> **YOUR OBJECTIVE**: Starting with the line that contains "info@list.lu | www.list.lu", reproduce each line through the end of the entries exactly as written.
DATA IN THIS EXERCISE Start Marker
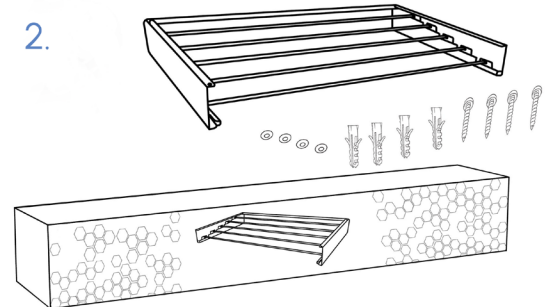

bodo.

HOME

Thuis comfort van
kwaliteit.

Inklapbaar droogrek
installatie handleiding

Inklapbaar droogrek installatie handleiding

1.

Open de verpakking van het droogrek.

2.

Controleer of alle onderdelen geleverd zijn.

3.

Markeer de gewenste locatie met de mal.

4.

Boor gaten op de gemarkeerde punten.

5.

Druk de pluggen in de geboorde gaten.

6.
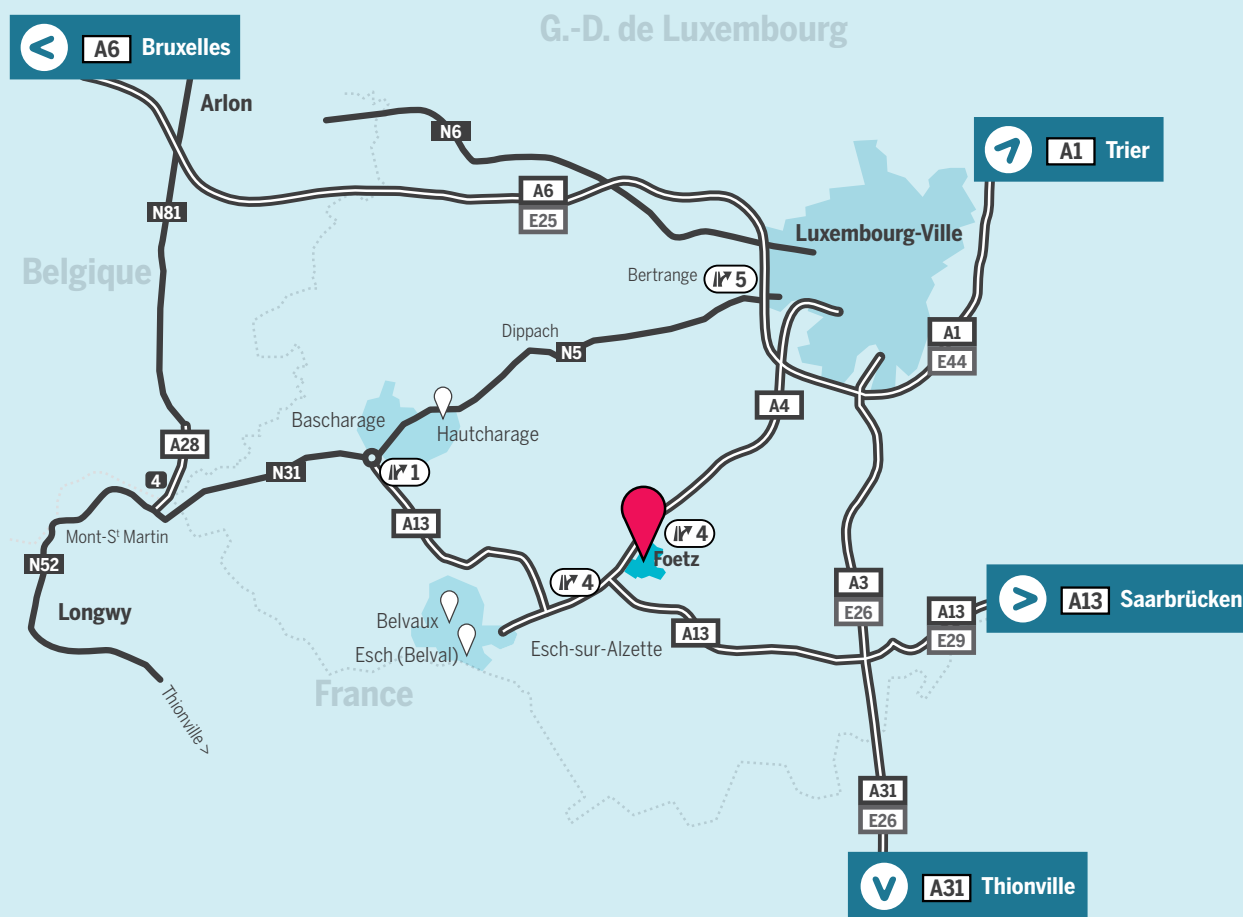

PLAN D'ACCÈS | Site de Foetz (Annexe Technoport)

+352 275 888 - 1 | info@list.lu | www.list.lu

- P** Parking visiteurs
- D** LIST Foetz est desservi par les **lignes de bus n° 612 et 641 - Arrêt "Foetz Am Butterbrill"**
Distance 800m

... les derniers mètres
DATA IN THIS EXERCISE End Marker
> **REPLY**:
+352 275 888 - 1 | info@list.lu | www.list.lu

- P** Parking visiteurs
- D** LIST Foetz est desservi par les **lignes de bus n° 612 et 641 - Arrêt "Foetz Am Butterbrill"**
Distance 800m

... les derniers mètres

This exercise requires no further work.